Solskjaer attracted some scepticism within Norway when he announced he had returned home to collect silverware with Molde. “I signed a four-year contract with an ambitious club”, declared the former Champions League final-winning goalscorer. “I am satisfied because we have a good team with loads of potential and I am confident that we can win the league in my time at the club.” If Solskjaer makes good on his promise it will be a first ever national title for Molde, who have won two Norwegian Cups and finished as top flight runners-up seven times.
While Sir Alex Ferguson was Solskjaer’s mentor as he took his first steps into coaching (“Twenty seconds after I told Ferguson I couldn’t play anymore”, said the Norwegian, “he offered me a new job, asking if I would join his coaching staff”), the former Norway national team boss Egil “Drillo” Olsen also played an important role in the striker’s development. “Olsen is fantastic at motivating players and making them believe they can do it”, remembered Solskjaer, who was in “Drillo’s” Norway side that defeated Brazil at the 1998 World Cup.

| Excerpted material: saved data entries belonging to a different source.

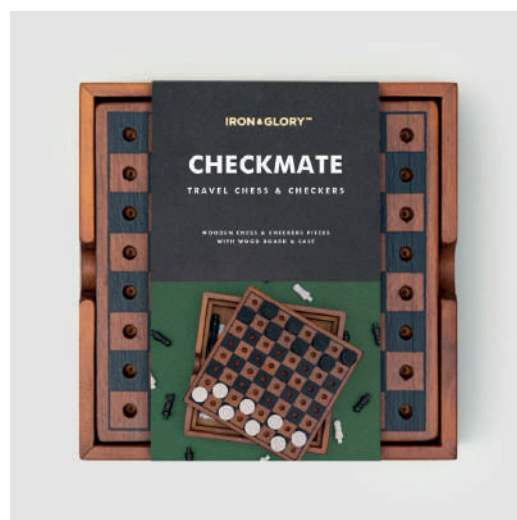

IRON & GLORY™

americana

DESDE 1957

Tic-Tac-Toe deluxe em caixa de madeira IRON & GLORY

P191527

Sudoku deluxe XL em caixa
de madeira IRON & GLORY LK

P192241

Sudoku deluxe em caixa de madeira IRON & GLORY

P191524

Shapeshifter - Tangram deluxe
em caixa de madeira IRON & GLORY

P191526

Solitaire deluxe em caixa de madeira IRON & GLORY

P191525

Games Night - Jogos deluxe
em caixa de madeira IRON & GLORY

P191523

Dominoes - Dominó deluxe
em caixa de madeira IRON & GLORY

P191522

Checkmate - Xadrez e damas deluxe em madeira IRON & GLORY

P191521

Big Deal - Conjunto cartas deluxe em caixa de madeira IRON & GLORY

P191520

americana | REVENDA

244 240 130
revenda@americana.pt

www.americana.pt

“If a player has the right attitude, he can learn a lot from Olsen’s way of coaching and managing – and that’s what Solskjaer did. He has a good football brain and he’s down to earth”, commented Stale Solbakken, another former Norway international who played under “Drillo”. Last season Solbakken led Danish giants FC Copenhagen to an impressive march to the Superligaen title, setting four records along the way, and to the Round of 16 in the Champions League; another good example for Solskjaer to follow. It seems that, regardless of whether Molde can maintain their momentum, the former Manchester United man is looking every inch a diamond in the rough in the dugout.